LAS ADICCIONES, SÍNTOMA CARDINAL DE LA CONTEMPORANEIDAD

Nuestra época se caracteriza por algo del orden del exceso, de la desmesura. La instancia que está al mando en la sociedad hipermoderna no son los ideales y la renuncia a la satisfacción en aras de esos ideales, sino el empuje a satisfacer nuestras pulsiones de forma cada vez más acelerada. Nos encontramos rodeados de objetos hiperseductores que nos invitan a consumir

La cuestión no está en el objeto en si, sino en el exceso, en el «sin límite». El objeto es indiferente. Se puede ser adicto a las compras, al sexo, al gimnasio, a las drogas, al alcohol, a la pornografía, a los programas de telerealidad, a los video juegos, a los medicamentos, al trabajo, al bisturí, a la comida o a no comer, es infinito. La adicción es el modo contemporáneo de relacionarse con los objetos.

Definimos adicción como una relación con el objeto donde no se incluye un límite, donde no está la separación entre el sujeto y el objeto, donde el goce es inmediato y perfecto. Y se trata de una  satisfacción solitaria, sin necesidad del otro. Es decir, hay una dependencia del objeto de consumo, pero en la relación con el otro, hay perfecta independencia y autonomía. Es lo que a veces podemos escuchar en boca de un alcohólico: las mujeres me fallan, la botella no, es mi compañera más fiel.

Estar a solas con el propio goce con lo que eso supone de repetición es otra carácterística de la sociedad contemporánea. El objeto de satisfacción ya no se va a buscar en el cuerpo del otro: su mirada, su voz, su presencia, su tacto… sino que se goza de forma autista, en soledad, con los gadgets, la pornografía, las sustancias …. El otro, que con su «otredad» podría ser lo que me impediría la repetición de mi mismo hasta el infinito, puede ser también una fuente de angustia. De ahí la preferencia por el goce solitario con un objeto. Hoy, para obtener la satisfacción es posible «cortocircuitar» al otro con los variados objetos que proponen la tecnología y el mercado.

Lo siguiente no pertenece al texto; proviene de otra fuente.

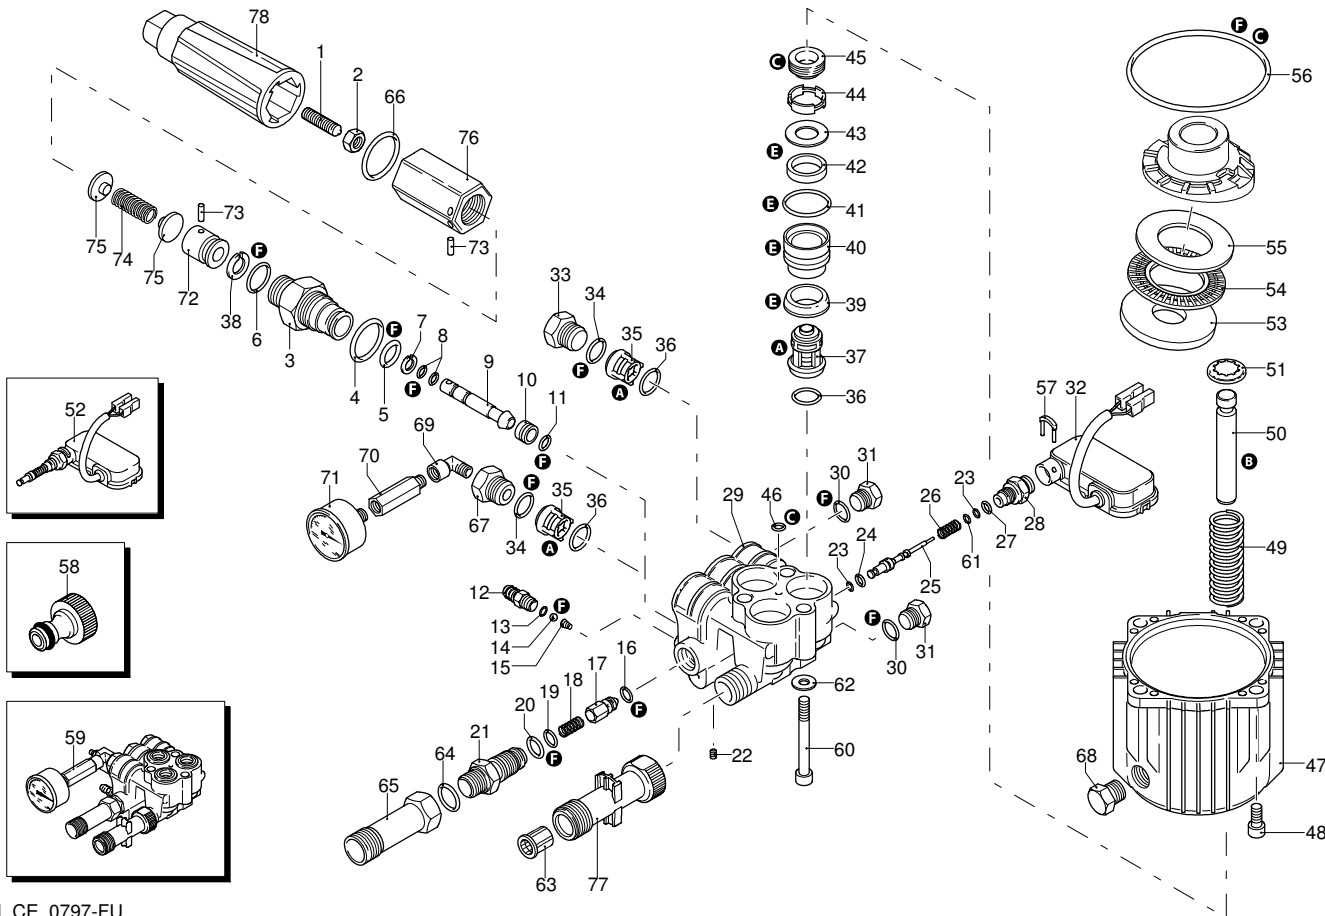

Modell 747

Ausführung:

Seriennummer:

Code: **12815**

25/10/2011

Gültigkeit	Pos.	Code	Bezeichnung	Menge
	1	1980470	Schraube	1
	2	1980300	Mutter	1
	3	1980210	Kolbenführung	1
	4	740290	O-Ring-Dichtung	1
	5	800560	O-Ring-Dichtung	1
	6	1080250	O-Ring-Dichtung	1
	7	1271170	Ring	1
	8	1080190	O-Ring-Dichtung	2
	9	1271160	Kolben	1
	10	1980200	Sitz	1
	11	1470210	O-Ring-Dichtung	1
	12	1982520	Schlauchanschluss	1
	13	480480	O-Ring-Dichtung	1
	14	1250280	Kugel	1
	15	1560520	Feder	1
	16	1460430	O-Ring-Dichtung	1
	17	1540170	Verschluss	1
	18	1080091	Feder	1
	19	394280	O-Ring-Dichtung	1
	20	1200690	O-Ring-Dichtung	1
	21	1270091	Injektor	1
	22	1981190	Schraube	1
	23	1080190	O-Ring-Dichtung	2
	24	660190	O-Ring-Dichtung	1
	25	1982990	Stange	1
	26	1981320	Feder	1
	27	880840	O-Ring-Dichtung	1
	28	1983360	Verbindungsstück	1
	29	1981330	Kopf	1
	30	820510	O-Ring-Dichtung	2
	31	880581	Verschluss	2
	32	2029752	Vormontage Kasten TSS	1
	33	1260162	Verschluss	2
	34	960160	O-Ring-Dichtung	3
	35	1269050	Ventil	3
	36	880830	O-Ring-Dichtung	6
	37	1989050	Ventil	3
	38	1080401	Ring	1
	39	1342761	Dichtung	3
	40	1980180	Kolbenführung	3
	41	770130	O-Ring-Dichtung	3
	42	1260440	Wasserdichtung	3
	43	1980170	Ring	3
	44	1980430	Distanzstück	3
	45	1260460	Öldichtung	3
	46	770090	O-Ring-Dichtung	1
	47	1980460	Pumpenkörper	1
	48	180030	Schraube	4
	49	1981140	Feder	3
	50	1980140	Kolben	3
	51	1980150	Ring	3
	52	42143	Satz TSS	1
	53	1980130	Zapfenlager	1
	54	1980250	Zapfenlager	1
	55	1980240	Zapfenlager	1
	56	1980340	O-Ring-Dichtung	1
	57	2022200	Klemme	1
	58	1461470	Verbindungsstück	1
	59	1989249	Vormontage Kopf	1
	60	1980310	Schraube	3
	61	1260820	O-Ring-Dichtung	1
	62	650530	Unterlegscheibe	3

UN_CE_0797-FU

La paradoja de los gadgets y las sustancias es que acaban siendo preferidos a los objetos  “naturales”, ubicados en el cuerpo. Con estos objetos tecnológicos el sujeto goza a solas, puede prescindir del cuerpo del partenaire, que siempre hace de límite, con lo cual el sujeto queda expuesto al peligro de su propio goce autista y mortífero sin freno. El camino de la búsqueda de la satisfacción se desliza con toda facilidad hacia el del malestar.

El adicto es aquel que elige un goce pulsional autoerótico, y repetitivo que le causa un daño antes que enfrentarse a la imposibilidad de la satisfacción completa con el otro, lo que llamamos la castración, que se relaciona con el deseo (se desea lo que no puede tenerse y sin embargo se encuentra una satisfacción, limitada, en su búsqueda). Esta imposibilidad, que todo sujeto tiene que asumir en su recorrido vital, al adicto le causa una angustia a la que no encuentra forma de hacer frente. Con frecuencia constatamos que el uso del tóxico va a servir para evitar el encuentro con el otro sexo.

El toxicómano es el máximo exponente de esa lógica de rechazo de la castración en la medida en que es el que logra desamarrarse de los avatares del deseo y la castración, al mantener con el objeto una relación sin palabras, sin mediación, y por tanto sin límite. Pero en esta lógica no se trata solo de adicción a drogas. Los gadgets que ofrece el mercado, o cualquier práctica que entrañe la relación con un objeto de satisfacción puede convertirse en aquello que rompe la relación con la castración, con la imposibilidad. En esas condiciones, el consumo invierte su dialéctica y lo que resulta consumido es el sujeto mismo, arrasado por el exceso y el sin límite al que se ve arrastrado. Una vez eliminado el obstáculo de la imposibilidad, como dice Lacan, “se empieza por las cosquillas y se acaba en la parrilla» (1).

Lo fundamental en el tratamiento va a ser encontrar cual es la función del tóxico. Podemos razonar sobre la falta de sentido profundo que el consumo introduce en nuestras vidas. Pero la satisfacción de la pulsión que estos objetos procuran no es algo que pueda ser modificado por un ejercicio de toma de conciencia o un adoctrinamiento ideológico. Se necesita un trabajo de otro tipo para encontrar un límite “personalizado” a la inercia acéfala de un goce que puede resultar ruinoso.

(1) Lacan. El seminario, libro 17, «El reverso del psicoanálisis».